* DIRECTIONS FOR THIS TASK:
Which lines in the records below contain the word "imot"? Copy each one.

* Data excerpts:
---------------

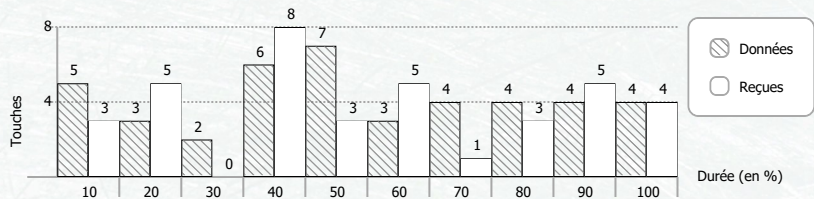

LeCoq

Score : +3750

9

IMPACT

37 Reçues Joueur(s)
0 Reçue Piège(s)

21/12/2024 19:20:57

Partie n° 3

JUDO CLUB VENEUX LES SABLE

42 Données

BLEUE	Eff. Tir*	Score	Rang
Jules	3,81 s	+9050	1
Modric	4,08 s	+5750	2
LeFoudroyant	4,14 s	+5600	3
GilletteFusion	2,91 s	+4250	7
LeCoq	4,99 s	+3750	9
Maximator	2,98 s	+3200	11
Tchong	3,36 s	+2850	13
L'Expert	4,22 s	+2050	15
Lisa	3,08 s	-750	17

VERTE	Eff. Tir*	Score	Rang
Vadim	5,06 s	+5000	4
Timeo	3,30 s	+5000	5
Président Dav !	2,68 s	+4350	6
The Coach	6,17 s	+4000	8
Mymy	5,77 s	+3450	10
WA	4,17 s	+2900	12
Banban	3,31 s	+2650	14
Gamze	3,00 s	+1750	16

Av	Ar	Ep	Pi	Total
				0
				0
		1		1
				0
				0
				0
				0
				0
				0
				0

Av	Ar	Ep	Pi	Total
3	2	1	1	7
1			3	4
2	1		1	4
1	1	1		3
3				3
	1		2	3
8			2	10
1			1	2

Total	Av	Ar	Ep	Pi
0				
0				
0				
0				
0				
0				
0				
0				
0				
0				

Total	Av	Ar	Ep	Pi
4	1	1	2	
3	2		1	
7	6	1		
5	3	2		
2	1	1		
5	4			1
7	4		2	1
9	4	1	3	1

* Eff. Tir (Efficacité de tir) : Durée moyenne du tir pour effectuer une touche (en seconde)
⊕ : Votre pire ennemi = celui qui a le meilleur goal average par rapport à vous

Equipes	Reçues	Données	Score
BLEUE	314	371	+35750
VERTE	372	315	+29100
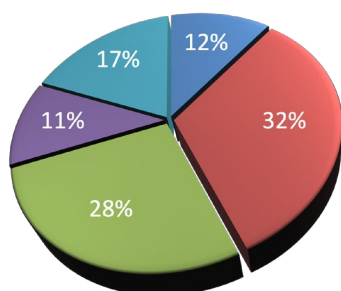

Посещения на imot.bg

- 375 650 уникални посетители към януари 2025 г.
- 55 889 639 импресии към януари 2025 г.

Пазарен дял на imot.bg по брой импресии

Аудитория на imot.bg

По пол: ● Мъже ● Жени

По възраст: ● 15 - 19 год. ● 20 - 29 год. ● 30 - 39 год. ● 40 - 49 год. ● 50 - 59 год. ● 60 - 69 год.

По доход: ● До 500 лв. ● 501 - 1000 лв. ● 1001 - 1500 лв. ● 1501 - 2000 лв. ● Над 2000 лв.

По образование: ● Основно ● Средно ● Висше
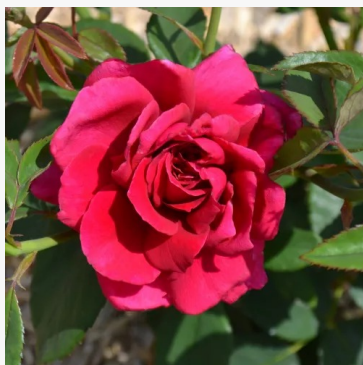

Rosa Harald Wohlfahrt

Roșu - trandafir floribunda de masiv
60-80 cm
Trandafir cu parfum intens - Aromă dulce
G. Delbard
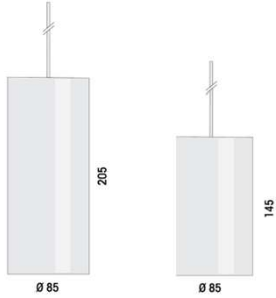

# FOCUS P

TEKNISET TIEDOT / TECHNICAL INFORMATION

ON-OFF / DALI / CASAMBI / TRIAC  
5 VUODEN TAKUU / 5 YEARS WARRANTY  
MACADAMS 2 SDCM

- VALKOINEN / WHITE (-RAL 9016)
- MUSTA / BLACK (-RAL 9005)
- HARMAA / GREY (-RAL 9006)

VALOVIRRRAN YLLÄPITO / LIFETIME 55 000H (L80 B10)  
MATERIAALI / MATERIAL RUNKO PULVERIMAALATTUA ALUMIINIA / POWDER PAINTED ALUMINUM  
ASENNUS / INSTALLATION ROIKKUASENNUS / CEILING SUSPENDED

Valaisin (LOR90%), netto							
Teho W	Virta mA	2700K CRI90 <small>CITILED COB Series Version3 CLU030Q-1208E1-272HSY2</small>	3000K CRI90 <small>Fortimo SLMC 930 P/W 1208 L15 2024 G7 HE+</small>	3500K CRI90 <small>Fortimo SLMC 935 P/W 1208 L15 2024 G7 HE+</small>	4000K CRI90 <small>Fortimo SLMC 940 P/W 1208 L15 2024 G7 HE</small>	Meat <small>CITILED COB Series CLU038-1208C4-205HK4</small>	Bakery <small>CITILED COB Series CLU036-1208C4-244HK4</small>
13	300	1368	1418	1464	1417	750	885
15	350	1596	1655	1708	1653	875	1033
18	400	1823	1891	1951	1889	1001	1180
20	450	2051	2128	2195	2125	1126	1328
22	500	2279	2364	2439	2361	1251	1475
24	550	2507	2600	2683	2597	1376	1623
27	600	2735	2837	2927	2834	1501	1770
29	650	2963	3073	3171	3070	1626	1918
31	700	3191	3310	3415	3306	1751	2065
33	750	3419	3546	3659	3542	1876	2213
35	800	3647	3782	3903	3778	2001	2361
36	850	3875	4019	4147	4014	2126	2508

\*145 cm versio 750mA saakka / 145cm lighting fixture until 750 mA

Valonjakokäyrät 3D

Valonjakokäyrät
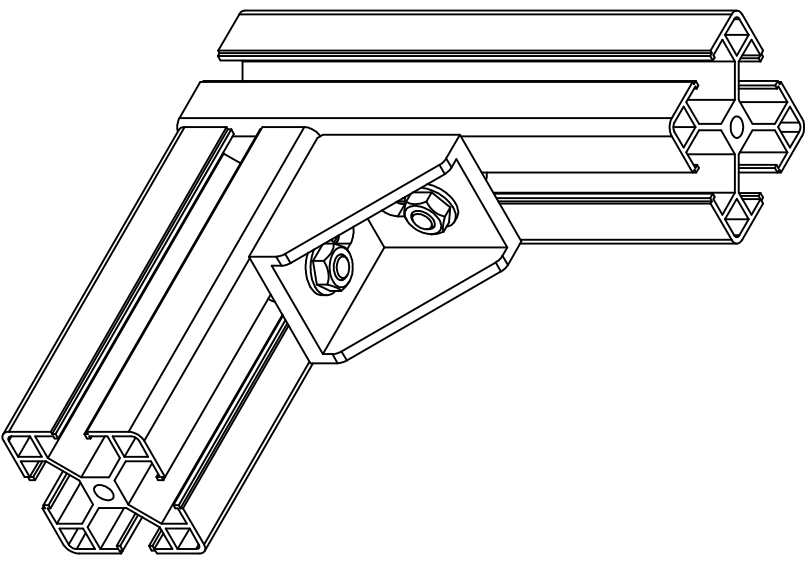

欧标铝型材 40*40

安装示意图

名称 型号 材质 表面 米重

欧标铝型材 40*40 6063T6 哑光氧化 1.13kg

欧标型材产品常用的基础型材。

---------------

* SOLUTION TO THE EXERCISE:
Посещения на imot.bg
Пазарен дял на imot.bg по брой импресии
Аудитория на imot.bg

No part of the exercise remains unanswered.